The Sith Lords revolves around an antagonist who despises the Force and wants to kill it, viewing it as a malevolent god who manipulates human beings into wars and chaos for its own amusement, an interesting twist on the atheist idea that if God is real, he’s a massive asshole for allowing human suffering. Think about it: everyone thinks being a Jedi is cool, but in Star Wars’ own mythology, half the people who learn to use the Force fall to the dark side and become murderous psychopaths. If the Force existed in real life, governments would outlaw using it and people would ostracize Jedi from society the first time a Sith lord popped up and started killing people, like how the U.S. government banned masked vigilantism in Watchmen.

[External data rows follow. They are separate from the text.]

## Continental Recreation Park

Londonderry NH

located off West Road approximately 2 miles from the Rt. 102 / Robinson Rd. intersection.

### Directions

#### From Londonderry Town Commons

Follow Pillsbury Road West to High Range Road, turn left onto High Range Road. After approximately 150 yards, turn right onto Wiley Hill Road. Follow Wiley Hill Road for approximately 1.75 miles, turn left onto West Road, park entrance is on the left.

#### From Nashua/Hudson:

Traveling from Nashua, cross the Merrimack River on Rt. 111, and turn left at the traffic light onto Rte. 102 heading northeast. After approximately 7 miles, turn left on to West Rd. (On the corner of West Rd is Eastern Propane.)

That’s how you deconstruct a work of fiction, not by creating an elderly, purple-haired Tumblrista general whose sole purpose is to dress down her male subordinates for doing their jobs. The fake news media flacks whining about how the evil, evil fans ruined The Rise of Skywalker don’t get this, nor do they understand that Mary Sue protagonists are uninteresting because without character flaws or weaknesses, there’s no tension and no audience investment. Both Rey and her Sith enemies are so overpowered in the movie that it’s impossible to relate to them, as action scenes turn into glorified video game battles to see who can mash on their special attack buttons the fastest.

Star Wars: The Rise of Skywalker doesn’t trigger the disgust reflexes in the same way that The Last Jedi did, but that’s not an endorsement. It’s cinematic pruno: every ingredient on hand dumped into a bag in the hope that it’ll create a buzz, but it’s a dirty high at best and it smells like shit. And if the reviews and box office returns are any indication, people have finally decided to dump Star Wars in the trash and move on.